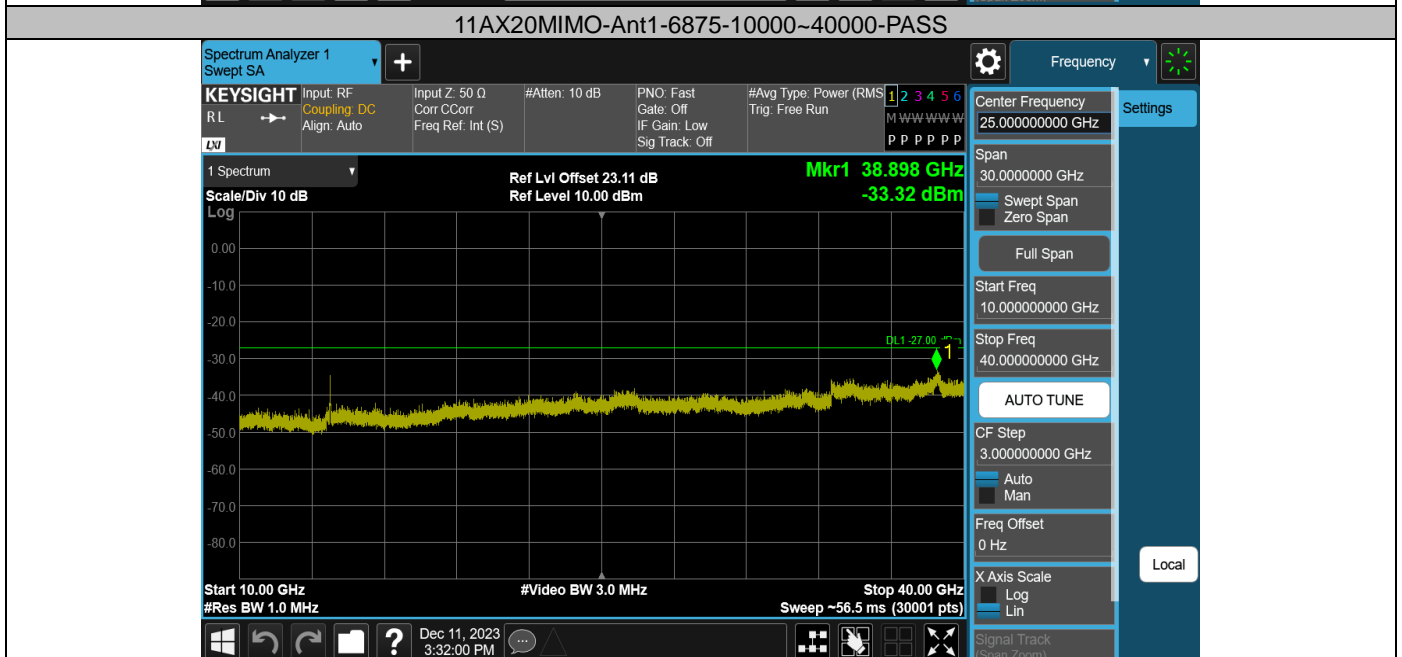

11AX20MIMO-Ant1-6855-30~3000-PASS

11AX20MIMO-Ant1-6855-3000~10000-PASS

11AX20MIMO-Ant1-6855-10000~40000-PASS

11AX20MIMO-Ant1-6895-30~3000-PASS

11AX20MIMO-Ant1-6895-3000~10000-PASS

11AX20MIMO-Ant1-6895-10000~40000-PASS
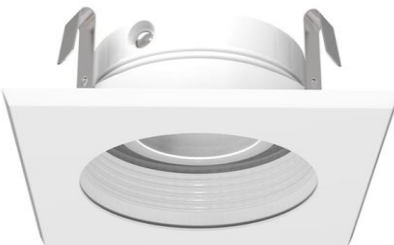

BS35001/3.5 inch Square Baffle Trim

Lamp : MR16 LED GU5.3 8W Max.
GU10 LED GU10 8W Max.
PAR16 LED E26 8W Max.
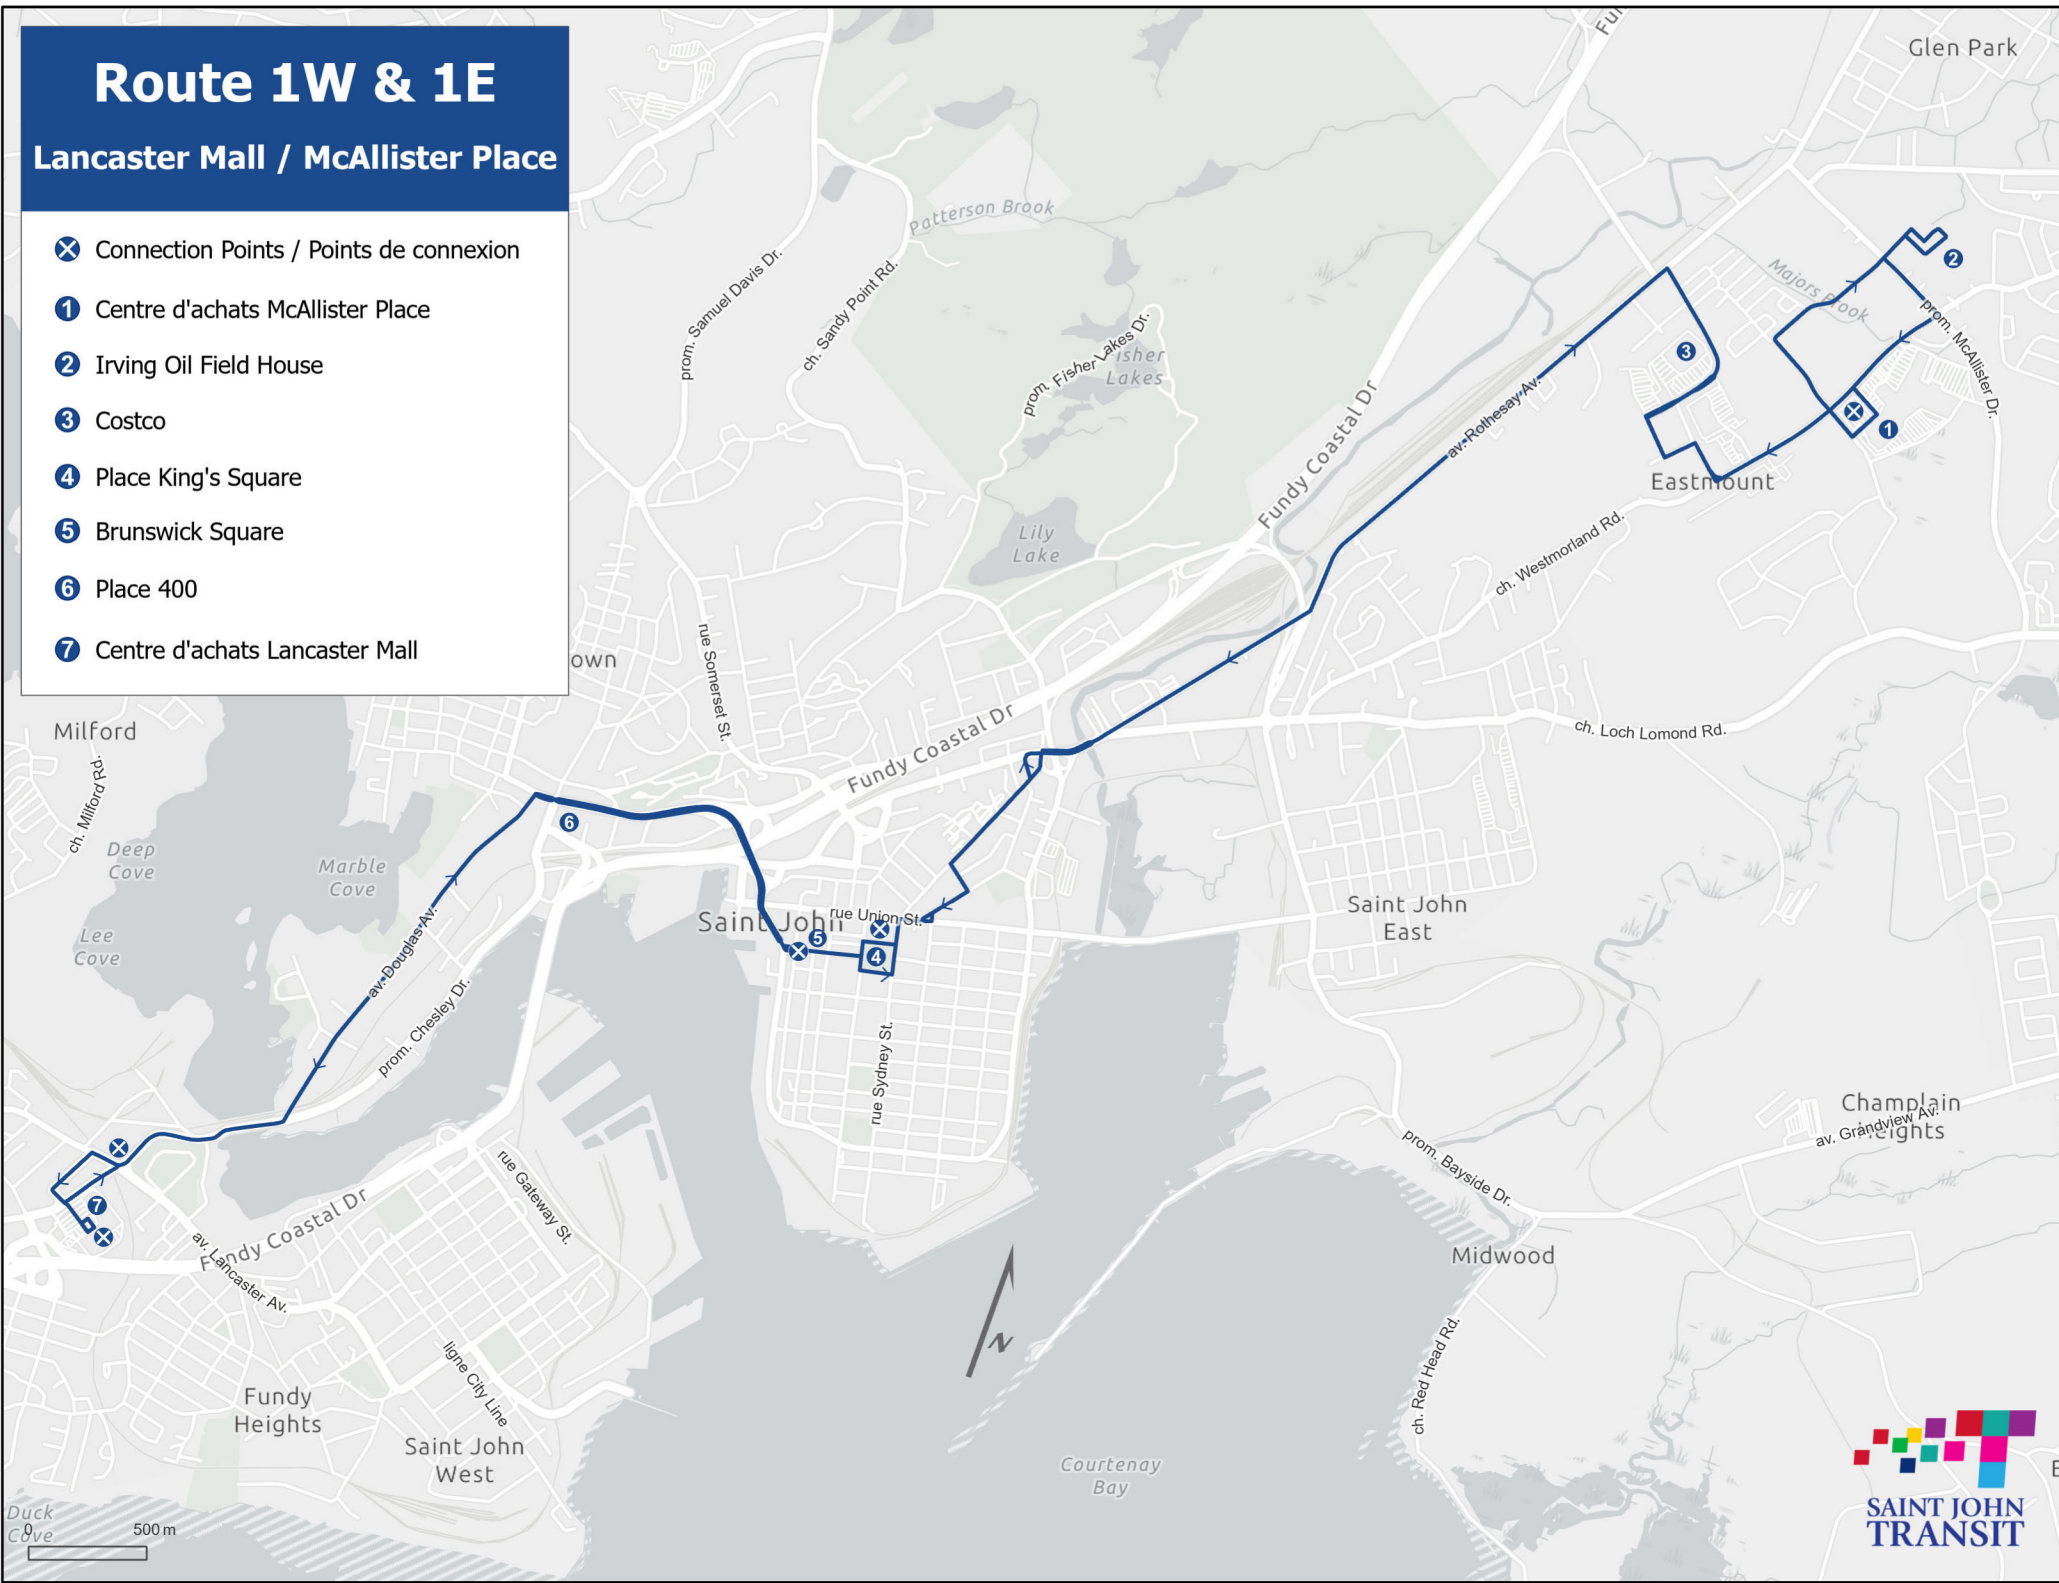

Route 1W & 1E

Lancaster Mall / McAllister Place

- ✕ Connection Points / Points de connexion
- 1 Centre d'achats McAllister Place
- 2 Irving Oil Field House
- 3 Costco
- 4 Place King's Square
- 5 Brunswick Square
- 6 Place 400
- 7 Centre d'achats Lancaster Mall
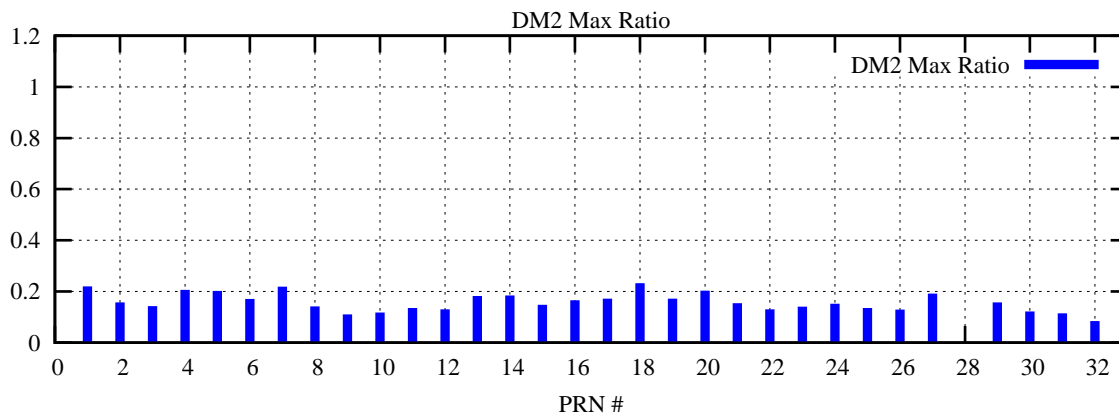

Ratio (PRN Bias/Threshold)

GpsWeek 2237 Day 5

Skinny (Type 0): PRN 8 22
Broad (Type 2): PRN 7 15 17 21 24

## ASSIGNMENT:
An unchanged copy of the data, images excluded, is all that should be given.

## SOLUTION TO THIS TASK:
11AX20MIMO-Ant1-6855-30~3000-PASS

11AX20MIMO-Ant1-6855-3000~10000-PASS

11AX20MIMO-Ant1-6855-10000~40000-PASS

11AX20MIMO-Ant1-6895-30~3000-PASS

11AX20MIMO-Ant1-6895-3000~10000-PASS

11AX20MIMO-Ant1-6895-10000~40000-PASS

BS35001/3.5 inch Square Baffle Trim

Lamp : MR16 LED GU5.3 8W Max.
GU10 LED GU10 8W Max.
PAR16 LED E26 8W Max.

Route 1W & 1E

Lancaster Mall / McAllister Place

- ✕ Connection Points / Points de connexion
- 1 Centre d'achats McAllister Place
- 2 Irving Oil Field House
- 3 Costco
- 4 Place King's Square
- 5 Brunswick Square
- 6 Place 400
- 7 Centre d'achats Lancaster Mall

Ratio (PRN Bias/Threshold)

GpsWeek 2237 Day 5

Skinny (Type 0): PRN 8 22
Broad (Type 2): PRN 7 15 17 21 24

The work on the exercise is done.